Plácido RODRÍGUEZ
Unos dijeron que fue por mala suerte, otros que por su ansia incontrolable de acaparar. Hubo quien dijo que lo hizo para sabotear al gobierno local, hubo quien lo tildó sólo de ignorante. Lo único cierto es que fue una víctima más de la pandemia, porque, tal como citó el diputado de “Teruel existe” sobre lo que escribió José Saramago en esa inquietante y
conmovedora novela, ‘Ensayo sobre la ceguera’: «Calma, dijo el médico, en una epidemia no hay culpables, todos somos víctimas».
Cuentan que lo vieron en el pueblo de los 100 nombres, haciendo cola en la puerta de las farmacias, con gesto de preocupación, como si temiese que algún medicamento de los que hacía uso frecuente se fuese a terminar. Cuentan que de vuelta a casa se encontró con un viejo conocido de la juventud al que los recuerdos de la “mili”, en el mismo cuartel, y la partida de “subastao”, en la misma cafetería, habían conseguido mantener un vínculo de proximidad durante todo el tiempo que la política trató de alejarlos.
─ ¿Qué te pasa que traes esa cara de rancio? Le preguntó, manteniendo la distanciade seguridad.
─ Ya no quedan mascarillas. Veo que tú sí tuviste mÁs suerte.
Entonces se acercó y continuó hablando en un tono más bajo.

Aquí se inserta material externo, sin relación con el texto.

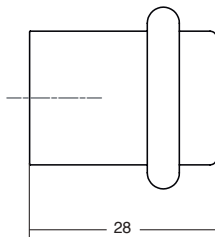

Diameter: 50 mm / Length: 100 mm

Fixation with screw or adhesive

Brushed dark brass

Rustic brass

Stainless steel look

Brushed black

Technical info on page 34

In line with recent trends

L291

Brushed dark brass

8009027L291

L30

Brushed black

8009027L30

Ø	H	↓	☐
27	28	1	12

Fixation with screw

─ Los del ayuntamiento las llevan todos los días a las farmacias para que las repartan gratis a la gente, pero como no tienen suficiente suministro se acaban pronto. Tienes que madrugar más y pedir en todas las farmacias, como hago yo, es la manera de tener bastantes.
─ Pero, si hacemos eso, entonces sí que no habrá para todos ─ dijo, entretanto de toser un par de veces.
─ Allá tú. Ya veo que sigues igual que siempre. Está claro que ya no espabilas.
Y es posible que la sensación de tener lo que al otro le falta, consiga crear esa párvula sensación de seguridad que engaña el cosmos de neuronas que rellenan los cerebros de quienes la experimentan, pero que de ninguna manera consigue engañar a un insignificante organismo microscópico que atraviesa los poros de una mascarilla como un chorro de agua un colador de cocina.
Porque por mucho que dé la impresión de que todos hubiésemos hecho un máster sobre el uso de mascarillas, en la realidad no parece que sea así. Las mascarillas higiénicas y quirúrgicas, que son las que el ayuntamiento está
repartiendo con la colaboración de las farmacias, no garantizan la protección contra el contagio a quien las lleva puestas, sino que su uso fundamental es para que el que la lleva puesta no pueda transmitir el covid-19.
Así que, a la espera de que se pueda suministrar otro material con mayor nivel de protección contra el coranavirus, para darle una oportunidad al protagonista del cuento le dejo el final abierto:
1. A pesar de llevar puesta una mascarilla quirúrgica, se contagia al hablar con el conocido y padece la enfermedad, con un final incierto.
2. Antes de acercarse a hablar con el conocido comparte las mascarillas con él, desiste de su actitud acaparadora y evita así ser contagiado.
Y como entiendo que desvelar las últimas frases de la novela de Saramago no condiciona su lectura, las trascribo:
« … ¿Por qué nos hemos quedado ciegos, No lo sé, quizá un día lleguemos a saber larazón, Quieres que te diga lo que estoy pensando, Dime, Creo que no nos quedamos ciegos, creo que estamos ciegos, Ciegos que ven, Ciegos que, viendo, no ven. La mujer del médico se levantó, se acercó a la ventana. Miró hacia abajo, a la calle cubierta de basura, a las personas que gritaban y cantaban. Luego alzó la cabeza al cielo y lo vio todo blanco, Ahora me toca a mí, pensó. El miedo súbito le hizo bajar los ojos. La ciudad aún estaba allí».